Assignment - In the entries below, count every line with the string "Matériel". State the count and nothing else.
------ Records for the exercise ------
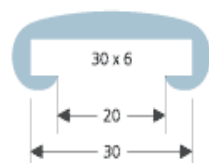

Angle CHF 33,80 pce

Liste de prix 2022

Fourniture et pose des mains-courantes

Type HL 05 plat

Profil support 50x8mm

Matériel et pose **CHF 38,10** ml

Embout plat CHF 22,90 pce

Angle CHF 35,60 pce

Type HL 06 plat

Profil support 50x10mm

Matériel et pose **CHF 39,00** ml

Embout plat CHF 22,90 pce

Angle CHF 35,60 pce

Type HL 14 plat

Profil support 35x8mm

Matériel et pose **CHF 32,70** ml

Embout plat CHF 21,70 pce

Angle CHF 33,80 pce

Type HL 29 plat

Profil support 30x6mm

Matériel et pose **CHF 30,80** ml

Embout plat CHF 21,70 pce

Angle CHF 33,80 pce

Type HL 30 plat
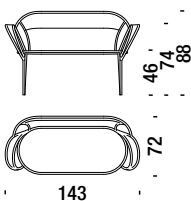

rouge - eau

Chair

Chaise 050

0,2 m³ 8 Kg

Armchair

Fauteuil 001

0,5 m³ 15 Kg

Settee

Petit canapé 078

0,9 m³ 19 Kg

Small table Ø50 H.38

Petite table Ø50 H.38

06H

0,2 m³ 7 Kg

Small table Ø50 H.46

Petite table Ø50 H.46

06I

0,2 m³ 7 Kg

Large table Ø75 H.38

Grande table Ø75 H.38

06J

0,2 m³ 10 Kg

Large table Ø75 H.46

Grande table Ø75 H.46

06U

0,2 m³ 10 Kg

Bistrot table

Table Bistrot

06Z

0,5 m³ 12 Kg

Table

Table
------
------ Records for the exercise ------
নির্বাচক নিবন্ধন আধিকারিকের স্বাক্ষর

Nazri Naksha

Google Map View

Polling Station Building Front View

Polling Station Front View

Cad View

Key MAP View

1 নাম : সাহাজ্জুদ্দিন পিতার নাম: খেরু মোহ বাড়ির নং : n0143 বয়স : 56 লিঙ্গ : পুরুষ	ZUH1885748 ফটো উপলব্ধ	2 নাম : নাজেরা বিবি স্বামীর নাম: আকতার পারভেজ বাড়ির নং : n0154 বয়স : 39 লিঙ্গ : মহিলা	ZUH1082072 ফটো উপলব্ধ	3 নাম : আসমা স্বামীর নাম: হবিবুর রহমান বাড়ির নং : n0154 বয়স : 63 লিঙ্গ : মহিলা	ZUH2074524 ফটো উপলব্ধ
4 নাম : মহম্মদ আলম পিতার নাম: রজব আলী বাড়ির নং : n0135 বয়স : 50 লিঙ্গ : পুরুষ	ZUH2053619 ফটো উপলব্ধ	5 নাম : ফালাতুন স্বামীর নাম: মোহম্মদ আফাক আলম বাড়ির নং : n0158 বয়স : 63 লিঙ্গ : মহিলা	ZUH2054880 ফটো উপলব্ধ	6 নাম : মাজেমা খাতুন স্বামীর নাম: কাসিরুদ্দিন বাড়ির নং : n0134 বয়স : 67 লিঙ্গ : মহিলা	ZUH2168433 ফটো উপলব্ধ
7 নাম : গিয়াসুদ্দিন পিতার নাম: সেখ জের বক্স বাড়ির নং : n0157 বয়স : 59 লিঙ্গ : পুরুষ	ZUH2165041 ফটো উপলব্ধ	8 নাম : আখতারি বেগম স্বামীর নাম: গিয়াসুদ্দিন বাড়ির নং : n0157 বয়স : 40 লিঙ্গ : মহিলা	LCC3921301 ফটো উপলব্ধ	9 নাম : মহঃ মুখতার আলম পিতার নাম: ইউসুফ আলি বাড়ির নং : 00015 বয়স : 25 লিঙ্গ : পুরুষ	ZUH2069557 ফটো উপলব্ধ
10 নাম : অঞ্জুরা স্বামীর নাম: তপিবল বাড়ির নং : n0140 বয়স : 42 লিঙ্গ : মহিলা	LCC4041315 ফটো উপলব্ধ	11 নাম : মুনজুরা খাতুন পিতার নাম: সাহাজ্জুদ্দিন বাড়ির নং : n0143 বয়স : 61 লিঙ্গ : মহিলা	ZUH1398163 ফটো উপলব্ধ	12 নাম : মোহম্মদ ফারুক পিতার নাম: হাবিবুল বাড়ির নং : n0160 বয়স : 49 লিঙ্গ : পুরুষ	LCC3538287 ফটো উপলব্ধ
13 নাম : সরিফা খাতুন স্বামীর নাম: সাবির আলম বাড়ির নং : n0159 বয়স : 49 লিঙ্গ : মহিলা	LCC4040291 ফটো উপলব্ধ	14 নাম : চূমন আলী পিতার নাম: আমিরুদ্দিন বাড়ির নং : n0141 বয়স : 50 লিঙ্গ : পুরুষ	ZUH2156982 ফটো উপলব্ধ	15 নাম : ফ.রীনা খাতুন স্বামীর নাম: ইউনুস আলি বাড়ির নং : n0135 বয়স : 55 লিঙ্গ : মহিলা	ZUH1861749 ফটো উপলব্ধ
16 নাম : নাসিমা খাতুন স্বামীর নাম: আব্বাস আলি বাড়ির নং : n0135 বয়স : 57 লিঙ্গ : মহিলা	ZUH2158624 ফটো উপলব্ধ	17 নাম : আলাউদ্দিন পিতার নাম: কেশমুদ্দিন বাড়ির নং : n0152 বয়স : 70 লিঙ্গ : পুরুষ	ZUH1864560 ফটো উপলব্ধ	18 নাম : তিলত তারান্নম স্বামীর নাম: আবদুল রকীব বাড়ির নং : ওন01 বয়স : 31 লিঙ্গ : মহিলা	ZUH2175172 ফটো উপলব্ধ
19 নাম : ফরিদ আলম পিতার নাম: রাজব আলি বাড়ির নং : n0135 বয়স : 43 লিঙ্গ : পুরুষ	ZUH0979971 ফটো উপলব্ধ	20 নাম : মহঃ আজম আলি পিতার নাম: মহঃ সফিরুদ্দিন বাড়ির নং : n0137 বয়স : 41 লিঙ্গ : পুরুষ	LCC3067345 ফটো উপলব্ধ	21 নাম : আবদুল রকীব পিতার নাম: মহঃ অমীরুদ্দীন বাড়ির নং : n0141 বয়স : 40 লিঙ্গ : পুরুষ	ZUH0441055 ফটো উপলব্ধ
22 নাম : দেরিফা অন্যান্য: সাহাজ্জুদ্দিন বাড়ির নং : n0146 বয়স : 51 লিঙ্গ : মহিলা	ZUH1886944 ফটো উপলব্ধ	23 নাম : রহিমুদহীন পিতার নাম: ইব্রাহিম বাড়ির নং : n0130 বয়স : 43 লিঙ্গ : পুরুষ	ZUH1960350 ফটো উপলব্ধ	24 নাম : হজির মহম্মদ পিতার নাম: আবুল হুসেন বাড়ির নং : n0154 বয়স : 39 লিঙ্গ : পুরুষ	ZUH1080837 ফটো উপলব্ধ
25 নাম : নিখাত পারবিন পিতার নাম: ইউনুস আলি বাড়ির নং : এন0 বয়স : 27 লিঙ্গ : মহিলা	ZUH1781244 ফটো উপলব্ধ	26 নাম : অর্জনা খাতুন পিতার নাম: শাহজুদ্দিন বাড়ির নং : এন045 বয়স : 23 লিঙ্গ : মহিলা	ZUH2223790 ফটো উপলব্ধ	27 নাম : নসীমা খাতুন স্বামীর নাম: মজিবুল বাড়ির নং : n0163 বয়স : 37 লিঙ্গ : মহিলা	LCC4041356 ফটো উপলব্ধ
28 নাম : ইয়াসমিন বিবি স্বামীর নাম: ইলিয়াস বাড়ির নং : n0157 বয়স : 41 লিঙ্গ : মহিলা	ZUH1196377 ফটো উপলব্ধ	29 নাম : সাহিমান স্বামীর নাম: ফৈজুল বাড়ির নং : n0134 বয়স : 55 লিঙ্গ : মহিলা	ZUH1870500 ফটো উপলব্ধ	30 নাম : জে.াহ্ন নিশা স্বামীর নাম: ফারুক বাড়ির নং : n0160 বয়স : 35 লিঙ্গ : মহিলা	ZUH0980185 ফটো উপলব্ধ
------
Solved problem - 4